You miss the days that seemed to skate along, when you felt like you had the spark to move forward.
Now you feel bogged down, stuck in a rut.
The good news is, you can get out of it! Changing little things adds up to a big difference.
Get rid of guilt.
Losing momentum is normal. It happens to everyone—veteran homeschool moms included. Even the most experienced teachers have trouble picking up speed sometimes.
There’s nothing wrong with you.
It doesn’t happen because you’re not committed or not smart or not capable. It happens because
you’re human. Your kids are human. (And anything worth doing takes a lot of work.)
Realize your homeschooling will go through different seasons, just like life, and that God’s grace will help you through.
Don’t try to do it all at once.
Unless you school year-round, your kids get used to a different life during summer break and the holidays. There’s more staying up late and sleeping in late, more fun and more comfort food.
It’s hard to give up “vacation mode.” So save yourself some grief—don’t jump in feet first and expect things to go just like they did before break.
A few days or a couple of weeks before break is over (depending on how long your break is) start easing back into normal bedtimes, wake-up times, food choices, and meal times. That way you’re not expecting too much of yourself or your kids when it’s time to focus on schooling again.
Take “I can’t do this” out of your family’s vocabulary.
Once you pick up momentum, it will get easier. The hardest part is getting it rolling.
Appreciate your progress.
If everything seems to be going wrong, ask “What went right?” (because there will always be something) or “What did I do today?” Getting the kids up, teaching character, cooking dinner—those are all accomplishments.
If you’ve made it out to the library, that’s progress. If you’ve gotten piano lessons back on track, that’s progress. If you did some planning today, that’s progress.
“Have we gone backwards?”
If you can answer “No,” that’s progress! Give yourself some credit for that.

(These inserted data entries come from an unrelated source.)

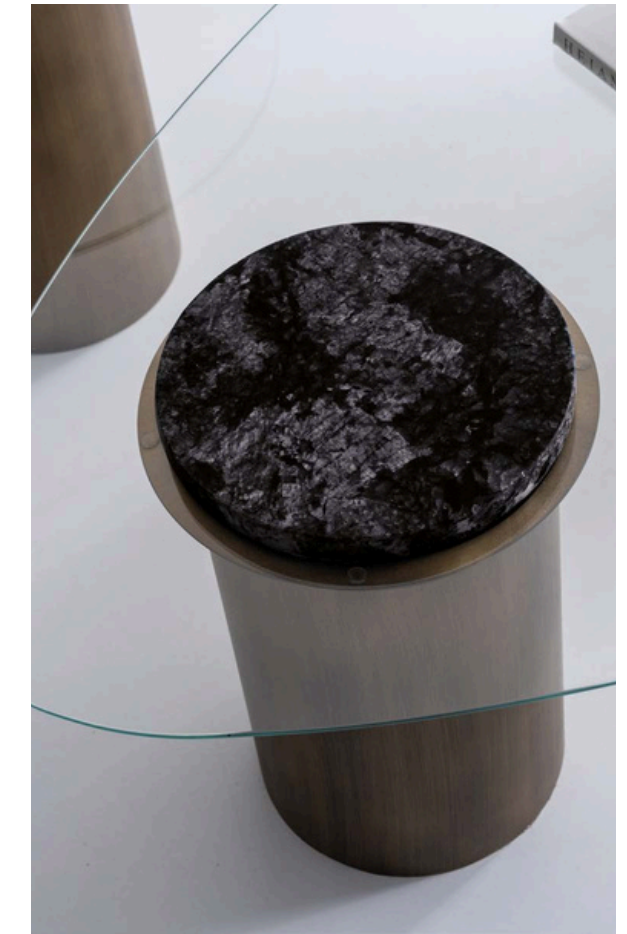

DISASSEMBLED
Real Marble

LANNY

CENTER & SIDE TABLE

Center Table : L:125 / W:73 / H:35 cm
Tall Side Table : L:40 / W:40 / H:50 cm
Short Side Table : L:40 / W:40 / H:45 cm
M3 : 0.39

Center Table

Center Table Set
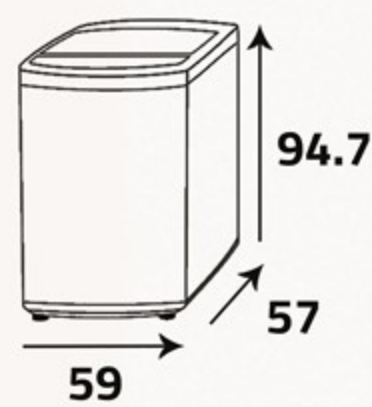

غسالات & نشافات تعبئة علوية
Top Loading Washer & Dryer

عدد البرامج | السعة (كغ)
Program No. | Capacity (Kg)

8

9

اللون ... Color
فضي ... Silver

1 - تشغيل / إيقاف ... On/Off
2 - بدأ / إيقاف مؤقت ... Start/Pause
3 - إضافة الماء ... Add. Water
4 - تأخير التشغيل ... Delay
5 - مستوى الماء ... Water Level
6 - البرامج ... Programs

نظافة وعناية مثالية
Cleaner and care ideal

أبعاد التغليف (سم)
Packing Dimensions (cm)

أبعاد المنتج (سم)
Product Dimensions (cm)

الوزن الصافي (كغ)
Net Weight (Kg)

39

الوزن الإجمالي (كغ)
Gross Weight (Kg)

43

مؤقت تأجيل التشغيل

What if you answered “Yes”? That’s progress, too, as long as you learn from it. (Yes, even a disastrous day, week, month, year, isn’t a loss when you learn from it.)

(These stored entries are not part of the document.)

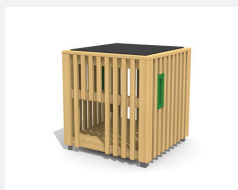

Combinaison compacte pour se cacher L'ORIGINAL. L'original. Les petits peuvent jouer, se cacher et laisser libre cours à leur fantaisie. En bois de douglas Suisse, non traité. Tous les jeux avec consoles en acier galvanisé. Toit en matière synthétique résistante aux intempéries couleur anthracite. Tunnel en inox.

natur

lasur

Création HINNEN

Numéro de l'article BX.010.M3
Nom de l'article bimbox cube MINH avec tunnel à ramper

Age de jeu 2+
 Hauteur de chute 175 cm
 Place nécessaire 650 x 515 cm
 Protection de chute selon la norme SN EN 1176
 Zone de protection de chute 31 m²
 Dimension de l'engin 350 x 210 x 175 cm
 Fondations 5 pce
 Total béton 0.66 m³
 Pièce la plus lourde 300 kg
 Nombre de monteurs 2
 Temps de montage 4 h complet
 Garantie pièces détachées A vie
 Spécial Protégé par le droit d'auteur sur le design No. 145547.

Autres produits de ce groupe

BX.010.M2
bimbox cube MINH

BX.010.M2.L
bimbox Spielwürfel
MINH - lasuré

BX.010.M25
bimbox podium de jeu M25

BX.010.M25.L
bimbox podium de jeu M25 - lasuré

BX.010.M3.L
bimbox cube MINH avec tunnel à ramper - lasuré
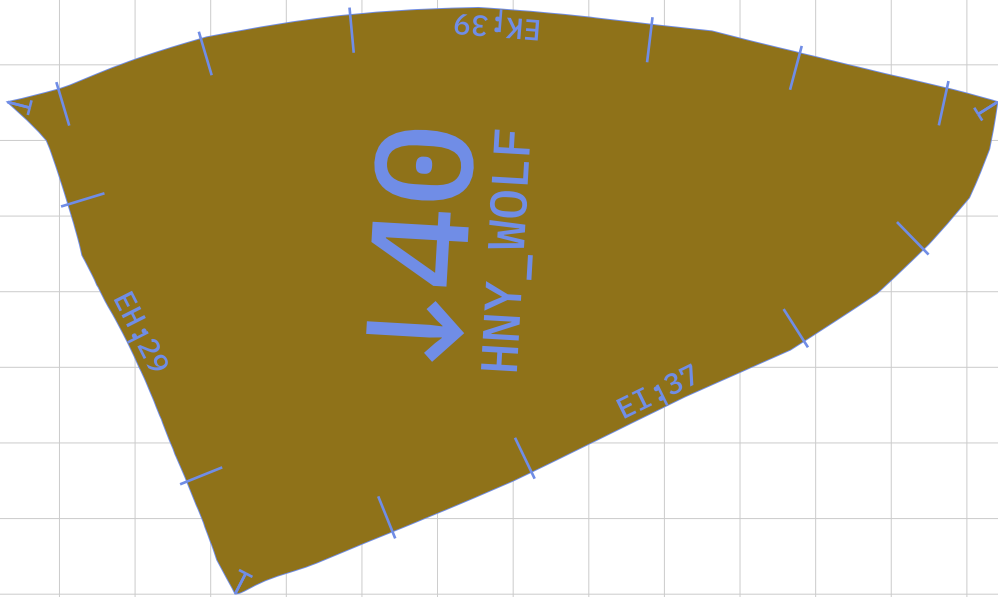

0,1

0,1

0,1

0,1

0,3

0,3

0,3

0,3

1,0

1,0

1,0

1,0

Grid:10x10mm, Border:190x277mm, PaperSize

CP:21

DS

DN:31

:22

DB:33

CM:31

S

B

2,0

2,0

2,0

Ask “What could motivate me or my kids?”
If you spent just 3 minutes answering that question, what would you come up with?
Try it and see!
After you’re done, pick some ideas to implement.
Planning a vacation, making favorite meals—even simple things like buying new school supplies or rearranging your space—can bring a motivating sense of newness or provide a sweet reward worth sacrificing for.

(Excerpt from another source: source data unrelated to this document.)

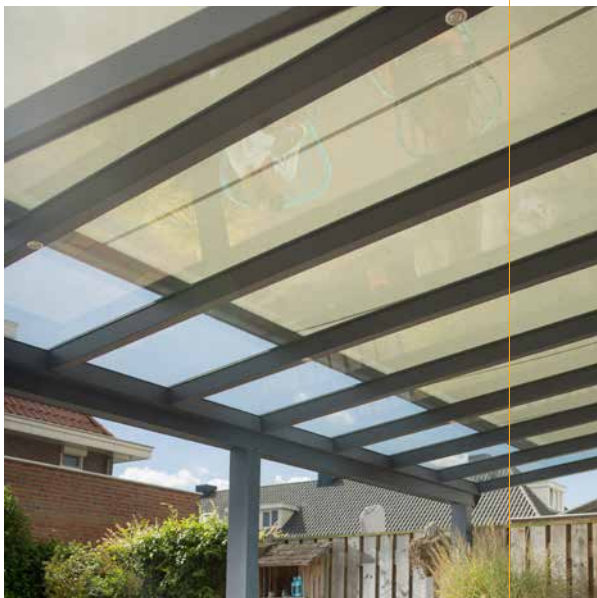

HET IS ALTIJD HEERLIJK IN JE SERRE

Met een serre haal je daglicht, vrijheid en sfeer in je huis.

Maar soms ook te veel warmte. Maar dat hoeft echt niet!

De serrezonwering van Allround is zowel binnen als buiten toepasbaar en daarom zowel onder als boven je serre te plaatsen. Daarmee bepaal jij wanneer je geniet van de winterzon of voor verkoeling in de zomer. Zo is het altijd heerlijk in je serre.

Onze producten zijn sterk en stijlvol. Door ons ritssysteem sluit het doek naadloos aan op de geleidingsprofielen en wordt de windstabiliteit gemaximaliseerd.

- ⊕ Unieke veerconstructie voor strak doek onder alle omstandigheden
- ⊕ Probleemloos tot maar liefst 30 vierkante meter
- ⊕ Ritssluiting in geleidingsprofielen voor maximale windstabiliteit
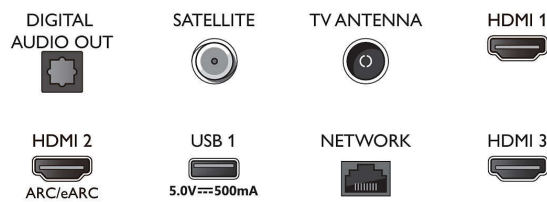

Android TV

- Système d'exploitation: Google TV™

Connexions

Side

Bottom

Téléviseur 4K Ambilight

Téléviseur Ambilight 164 cm (65") Moteur P5 Perfect Picture Engine, Principaux formats HDR pris en charge, Google TV™

Caractéristiques

- Applications intégrées: Google Play Films*, Google Search, YouTube, Netflix, Apple TV, Amazon Prime Video, Disney+, YouTube Music, Application Fitness
- Taille de la mémoire (flash): 16 Go*
- Cloud de gaming: GeForce NOW
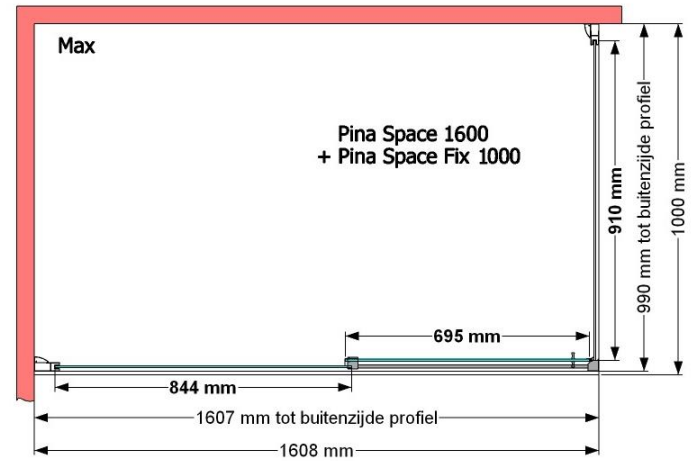

VAN MARCKE – PINA SPACE – SCHUIFDEUR – 160 CM

SKU 224607

AFBEELDING

MAATTEKENING

Pina Space 1600

	SKU 224607
Type douchedeur	Schuifdeur
Hoogte	200 cm
Materiaal profiel	Aluminium
Uitvoering profiel	Chroom
Uitvoering glas	Helder veiligheidsglas
Dikte glas	6 mm
Behandeling glas	Easy Clean
Draairichting	/
Inbouwmaat	1550 - 1590 mm
Instapbreedte	692mm
Omkeerbaar	Ja
Liftfunctie	Nee
Greep	Ja
Magnetische sluiting	Nee
Keuringen	CE
Garantie	5 jaar
Frameloze	Nee
Met bevestigingsmateriaal	Ja
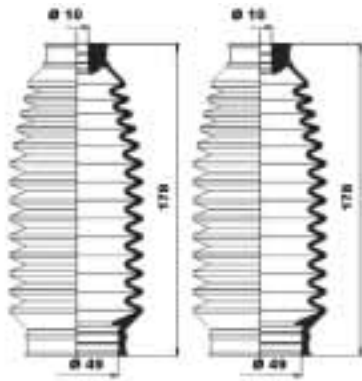

K150024

K150084

K150159
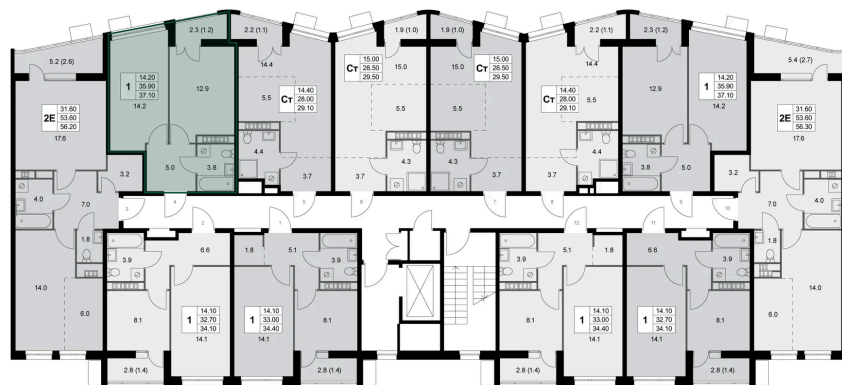

Номер: K136

1 комнатная 37.1 м²

Отсканируйте QR-код и
смотрите на сайте
legendakorenevo.ruк.4
1 2

Цена по запросу

С лоджией

Корпус	Корпус 4	Этаж	6
Секция	2		

11.04.2026 07:20 (Мск)

Не является публичной офертой, цена может быть скорректирована. Информация взята с сайта «legendakorenevo.ru»

На этаже 6

1 комнатная 37.1 м²

11.04.2026 07:20 (Мск)

Не является публичной офертой, цена может быть скорректирована. Информация взята с сайта «legendakorenevo.ru»

На генплане Корпус 4

1 комнатная 37.1 м²

11.04.2026 07:20 (Мск)

Compare yourself to yourself.
Don’t compare how you’re doing to the public schools, the private schools, or other moms on Facebook. Let your standard be doing your best for that day and nothing less.
Then measure your progress. For instance, if it takes you 15 days to get back into the swing of things this year, give yourself 15 days next year. If it takes you 6 days to cover 4 days’ worth of lessons this week, adjust for that next week.
What about when the stomach bug goes around your house, you have surprise visitors, or you welcome another baby into your family?
Do your best, and don’t stress yourself with comparisons of how much you used to do. You’re not a machine. Homeschooling isn’t a race. And you have the control and flexibility of homeschooling on your side.